Я рассказал эту историю Президенту и спросил его, правда ли это. «Поллард Симмонс! — сказал он. — Отлично его помню. То, что мы работали вместе — правда, но старик, должно быть, несколько приукрасил факты насчет межевания округа. Думаю, я был бы очень рад этой работе в то время, независимо от того, какая администрация находилась у власти». Тем не менее, несмотря на это, я склонен полагать, что мистер Симмонс был недалек от истины. Его слова кажутся весьма характерными для того, каким, судя по всему, был Авраам Линкольн в двадцать три или двадцать пять лет.

Мистер Дж. Б. Линкольн также рассказал мне об одном забавном случае, произошедшем в Спрингфилде вскоре после выдвижения мистера Линкольна в 1860 году.
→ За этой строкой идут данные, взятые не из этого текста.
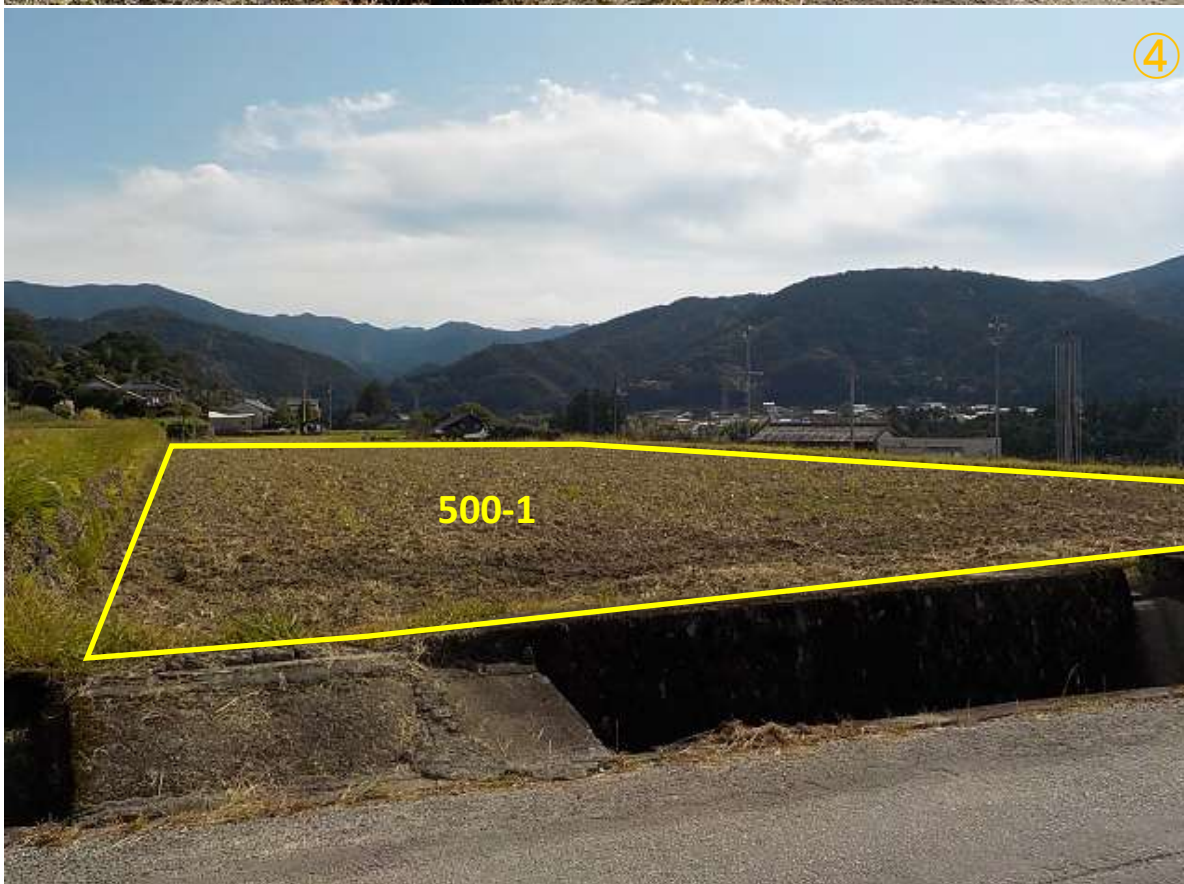

土地の所在: 香美市香北町日ノ御子字二反田499番1 外14筆

撮影日：令和2年11月

土地の所在：香美市香北町日ノ御子字二反田499番1 外14筆

撮影日：令和2年11月

土地の所在：香美市香北町日ノ御子字二反田499番1 外14筆

撮影日：令和2年11月

土地の所在：香美市香北町日ノ御子字二反田499番1 外14筆

撮影日：令和2年11月

土地の所在：香美市香北町日ノ御子字二反田499番1 外14筆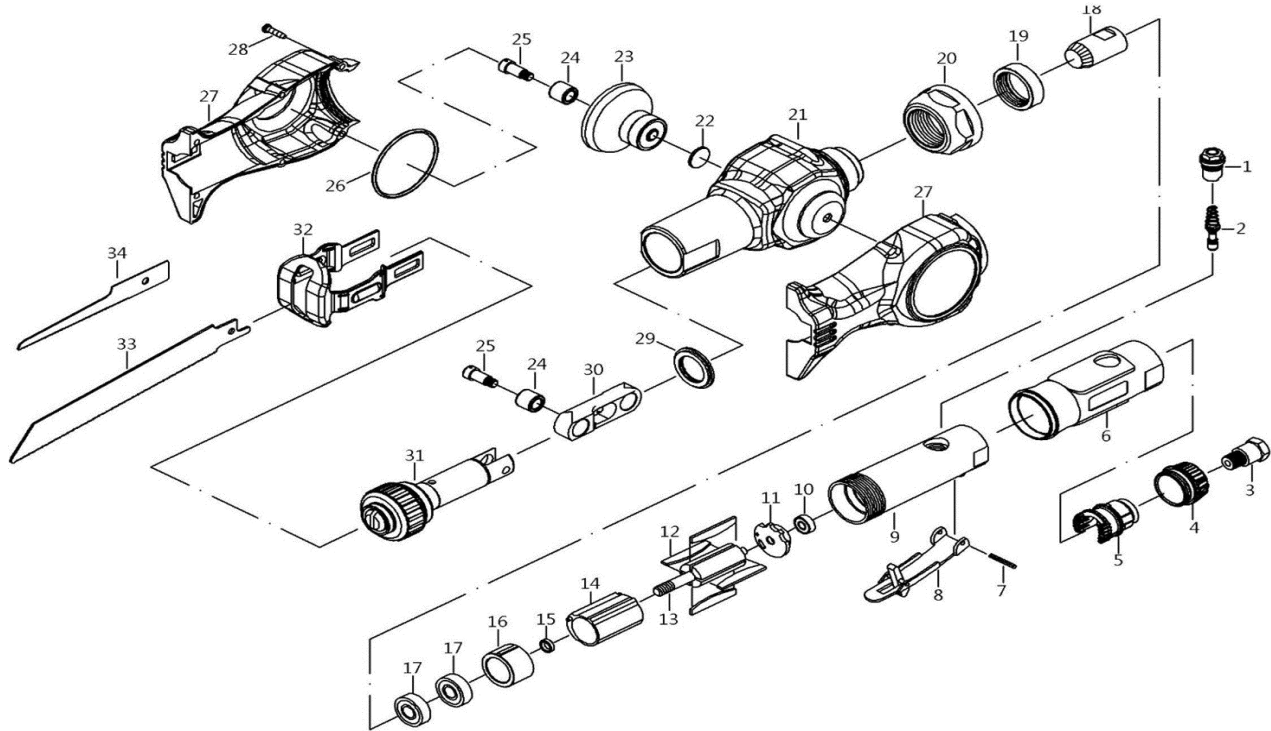

SC1602

Scie sabre droite pneumatique 372 W

Rep	Réf	Désignation	Qté	Rep	Réf	Désignation	Qté
1	SC1602-1	Régulateur	1	17	SC1602-17	Roulement 608ZZ	2
2	SC1602-2	Valve Ressort	1	18	SC1602-18	Pignon	1
3	SC1602-3	Raccord d'air	1	19	SC1602-19	Entretoise	1
4	SC1602-4	Défecteur	1	20	SC1602-20	Bague	1
5	SC1602-5	Echappement	1	21	SC1602-21	Carter pignon	1
6	SC1602-6	Gaine protection	1	22	SC1602-22	Rondelle 15x1t	1
7	SC1602-7	Goupille 3x24L	1	23	SC1602-23	Couronne	1
8	SC1602-8	Gâchette	1	24	SC1602-24	Roulement HK0609	2
9	SC1602-9	Corps	1	25	SC1602-25	Vis M5x0.8P	2
10	SC1602-10	Roulement	1	26	SC1602-26	Pignon	1
11	SC1602-11	Flasque Arrière	1	27	SC1602-27	Protection carter pignon (set)	1
12	SC1602-12	Palette	4	28	SC1602-28	Vis M3*16	6
13	SC1602-13	Rotor	1	29	SC1602-29	Rondelle SET	1
14	SC1602-14	Chemise	1	30	SC1602-30	Bras	1
15	SC1602-15	Entretoise	1	31	SC1602-31	Support Lame	1
16	SC1602-16	Flasque Avt	1	32	SC1602-32	Buté sciage	1

Шляпник из Бруклина тайком снял мерку с головы будущего Президента и изготовил для него очень элегантную шляпу, которую переслал в Спрингфилд через своего земляка Линкольна. Примерно к тому моменту, когда она была преподнесена, из разных уголков страны начали поступать и другие подобные знаки внимания. Мистер Линкольн принял шляпу и, полюбовавшись ее текстурой и качеством работы, водрузил ее на голову и подошел к зеркалу. Переведя взгляд с отражения на миссис Линкольн, он с присущим ему лукавым прищуром сказал: «Что ж, жена, из этой затеи наверняка выйдет по крайней мере одно толк. У нас будут какие-никакие новые шмотки!»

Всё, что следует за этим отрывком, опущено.